Years after David showed that he had the sense that moral condition with God was more than mere outward orthodoxy. Absalom rebelled. His grief-stricken father fled from Jerusalem. Zadok and the Levites carried the ark out of the city, so that it might be with David. He nobly replied:
  “Carry back the ark of God into the city: if I shall find favour in the eyes of the Lord, He will bring me again, and show me both it and His habitation; but if He thus say, I have no delight in thee; behold, here am I, let Him do as seems good to Him” (2 Sam. 15:25-26).

Thus David recognized God’s discipline, discipline only for good. The mere possession of a symbol, he knew, would not help matters. Moral condition under God’s eye was what concerned him. And he showed he had this by thus unreservedly placing himself in God’s hands.

Nor did David lightly esteem the symbol, the outward sign. He longed for the day when he would return in peace, and, finding favour in the eyes of the Lord God, would “show me both it and His habitation” to His servant.

The writer has to confess that reflection upon all this has deeply exercised him. May it exercise the reader. The ark of the covenant was a symbol or type of CHRIST. It is only as we have Him in living reality before our souls that we shall be kept.

A deep impression was made on my mind the other day. A sister in the Lord said to a well-known brother, “Nothing but love will keep us, Mr.—.” He replied, “Whose?” She meant our love to Christ; he meant Christ’s love to us. And truly as we are thus looking to Him, receiving from Him, we shall be kept in moral condition. Moreover, moral condition carries with it the reverse of self- occupation. “Moses wist not that the skin of his face shone.” It is only by being occupied with CHRIST Himself, the glorious, living expression of God behind the symbol, that we shall be kept.

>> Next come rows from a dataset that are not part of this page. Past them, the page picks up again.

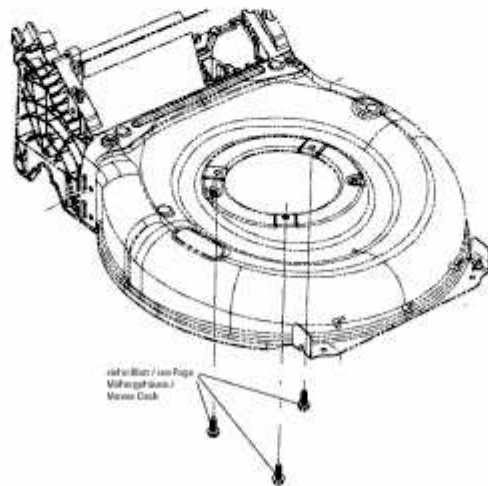

SMART 46 PB > 11A-TC5B600 (2014) > MOTOR

nicht abgebildet / not shown

Motor / Engine	für Mod. / for mod	
1	Smart 46 PO, Smart 46 SPO	MTD
2	SMART 46 SPO, MTD 46, MTD 46 S, MC 46, MC 46 S	MTD
10	Smart 46 PB, Smart 46 SPB; Smart 46 SPBS, Optima 46 PB, MTD 46 PB, MTD 46 SPB, BL 3546 S Imposs 4613, Imposs 4613 S	Briggs & Stratton
11	Optima 46 SPB, Optima 46 SPBHW, Smart 46 SPB	Briggs & Stratton
12	CC 46 SPBHW, CC 46 SPBV, HW 46 BA, WA 46 AHW, MF 46 SPB V, Expert 46 BA, Expert 46 BAV, Optima 46 SP58HW, BL 4553 S	Briggs & Stratton
13	Blue 46 SPBHW	Briggs & Stratton
14	HW 46 SPB	Briggs & Stratton
20	Advance 46 SPKVHW	Kawasaki

The history of the seven churches well illustrates the truth of the foregoing. Ephesus outwardly was so correct and zealous; but He, whose eyes were as a flame of fire, looked beneath the outward form and saw they were fading. Love was on the wane, and His heart could not brook that. What sad examples Sardis and Laodicea are! Sardis! “Thou hast a name that thou livest, and art dead.” Laodicea! “I would thou wert cold or hot.” Immense pretensions, but the Lord outside. It is possible for us to arrange things for ourselves, to look to leaders to manage matters, instead of waiting on the Lord to come in to order and arrange for us.

Outward orthodoxy will cry, “The ark of the covenant is with us”; but moral condition will say with David, “If I shall find favour in the eyes of the Lord, He will … show me both it [the ark of the covenant] and His habitation.” We shall find not merely a symbol but God’s dwelling-place. Outward correctness will not be less esteemed but more, because kept in its true place by exercise as to moral condition; and for this introspection as to myself will not help, but exercise that the Lord shall have His proper place, will meet with its reward.